Setelah melewati tangga sempit untuk menuju ruang galeri yang terletak di lantai dua tersebut, perhatian kita akan segera terseret untuk menuju ke sebuah karya yang terletak justru di pojok ruangan; sebuah instalasi yang terdiri dari lukisan berukuran mini, sebuah peci, dan topi hitam. Instalasi tersebut merupakan karya Wijanarko Ismail yang menjadi bagian dari sebuah pameran bertajuk “Respice, Adspice, Prospice.”
Pameran tersebut digelar oleh sekelompok perupa muda yang menamakan dirinya Memento Mori. Dengan dorongan dari kelompok seni Ketjil Bergerak, mereka mencoba memberanikan diri untuk menawarkan sebuah cerita melalui pameran seni rupa. Memento Mori sendiri merupakan komunitas seni rupa yang rata-rata anggotanya adalah alumni dari Sekolah Menengah Seni Rupa Yogyakarta.
Dari karya Wijanarko Ismail yang berjudul “Dari Gelap ke Terang” tersebut, gambaran umum dari narasi yang diusung dalam pameran ini secara samar sudah dapat diterka. Mereka, para perupa muda, ingin menarasikan sebuah proses perubahan hidup yang mereka alami.
Ismail, yang baru lulus dari SMSR tersebut, mengaku bahwa karyanya memang menggambarkan refleksi personalnya tentang cara memandang spiritualitas. Terutama perubahan signifikan yang dialaminya. “Saat kecil saya terbiasa di dalam masjid, dan memandang segala persoalan dari sudut pandang agama. Tapi setelah mengenal seni, saya jadi bisa melihat persoalan agama dari luar masjid,” katanya.
Pergulatan semacam itu wajar dialami remaja yang beranjak menuju usia dewasa, dan merupakan bagian dari proses untuk memasuki tatanan sosial masyarakat. Hal semacam itu barangkali dialami oleh siapapun. 

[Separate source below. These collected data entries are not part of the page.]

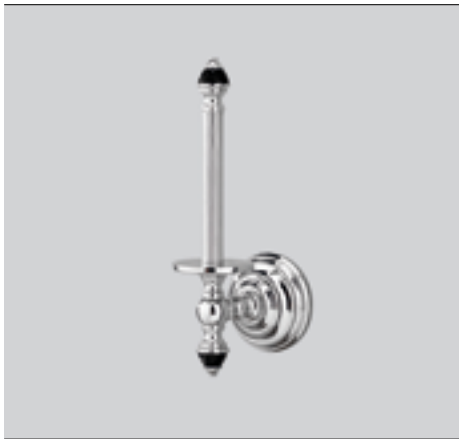

PORTA ROTOLO DI SCORTA
SPARE TOILET ROLL HOLDER
ERSATZ-TOILETTENPAPIERHALTER
PORTE-ROULEAU PAPIER HYGIÉNIQUE DE RESERVE
PORTA PAPEL DE RESERVA
ДЕРЖАТЕЛЬ ЗАПАСНОГО РУЛОНА

cm L: 7,6 x H: 24,5 x D: 10

CROMO - CHROME
CHROM - CHROME
CROMO - ХРОМ

BLKD511CR/PS
P 5.7200

ORO CHIARO - LIGHT GOLD
HELLGOLD - OR CLAIR
ORO CLARO - СВЕТЛОЕ ЗОЛОТО

BLKD511OT/PS
P 6.2800

BRONZO - BRONZE
BRONZE - BRONZE
BRONCE - БРОНЗА

BLKD511BR/PS
P 7.1700

NICKEL LUCIDO - POLISHED NICKEL
POLIERNICKEL - NICKEL POLI
NIQUEL LUCIDO - НИКЕЛЬ БЛЕСТЯЩИЙ

BLKD511NK/PS
P 7.1700
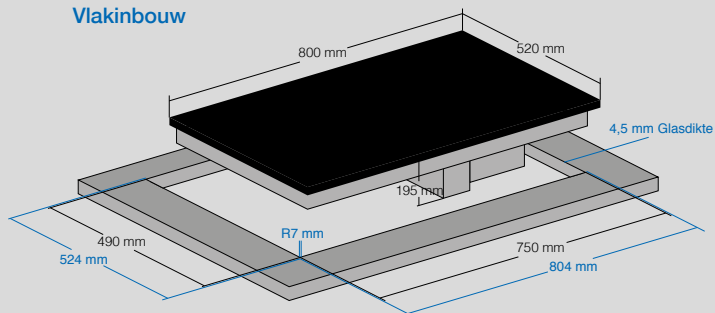

Artikelnummer

IG 800-STFIB

Omschrijving

Inductiekookplaat 800 x 195 x 520 mm met motor direct onder kookplaat incl. zwart rooster

Scannen voor prijs informatie

Energie label

A+

Accessoires:
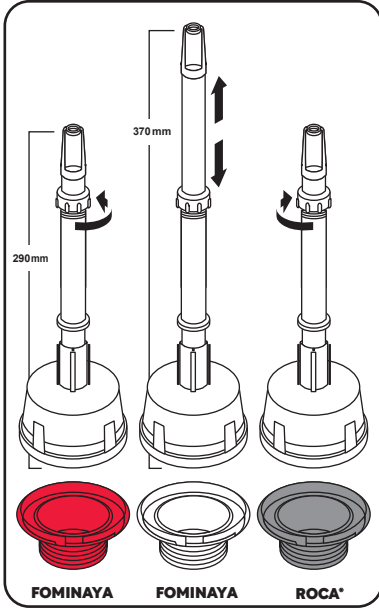

DESCARGADOR TANQUE BAJO + BASE FRONTIL

- Altura extensible: 29 a 37cm
- Incluye juntas de instalación
- Adaptable al sistema tradicional
- Ahorro de agua
- Descarga rápida

Código	Ref.	PRECIO DE VENTA	PVP(€)	Dto	Neto
3209	0147006100		12	50%	

FLOTADOR LATERAL CON BOYA FRONTIL

- Para cisterna universal, alta o baja
- Incluye juntas de instalación
- Instalación sin desmontar cisterna
- Ahorro de agua
- Llenado rápido

INSTALACIÓN SIN DESMONTAR CISTERNA
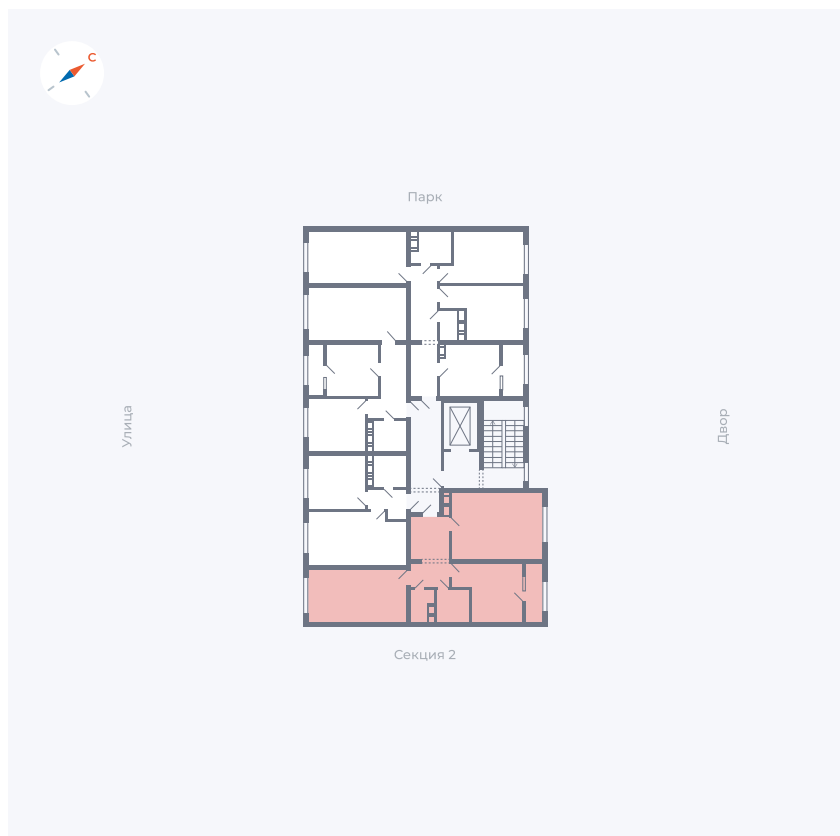

На этаже

Для заметок

Дата генерации: 10.04.2025

Sepaham dengan Ismail, Boby Prabowo yang juga terlibat dalam pameran tersebut mengutarakan pendapat senada bahwa karyanya merupakan refleksi personalnya. Darah muda, kurang lebih begitu, identik dengan emosi yang tinggi. Hal itulah mendasari karyanya yang berjudul “Nirmaya Kalaaji.”
Sosok ekspresif dalam lukisan tersebut digambarkan berkepala api dengan latar yang seluruhnya merah. Kedua tangannya menggenggam sebongkah bola berwarna biru yang merupakan metafora dari dunia. Menurut Boby, refleksi personalnya mewakili persoalan global. “Dimana-mana orang penuh dengan emosi,” katanya.
Mereka boleh dibilang masih sangat belia, tapi kreatifitasnya juga boleh dibilang sangat luar biasa. Beberapa refleksi yang mereka comot dari kehidupan pribadinya, coba ditawarkan pada publik yang lebih luas. Selain untuk menilai karya mereka, juga mengajak untuk kembali merenungkan perubahan-perubahan apa saja yang telah kita alami.
Sebagaimana tajuk pameran ini, “Respice, Adspice, Prospice,” mereka mengajak kita untuk melihat kemarin, hari ini, dan juga esok. Bisa jadi, perubahan telah terjadi sepertihalnya ulat yang menjadi kepompong, dan kelak (mungkin) kupu-kupu. (*)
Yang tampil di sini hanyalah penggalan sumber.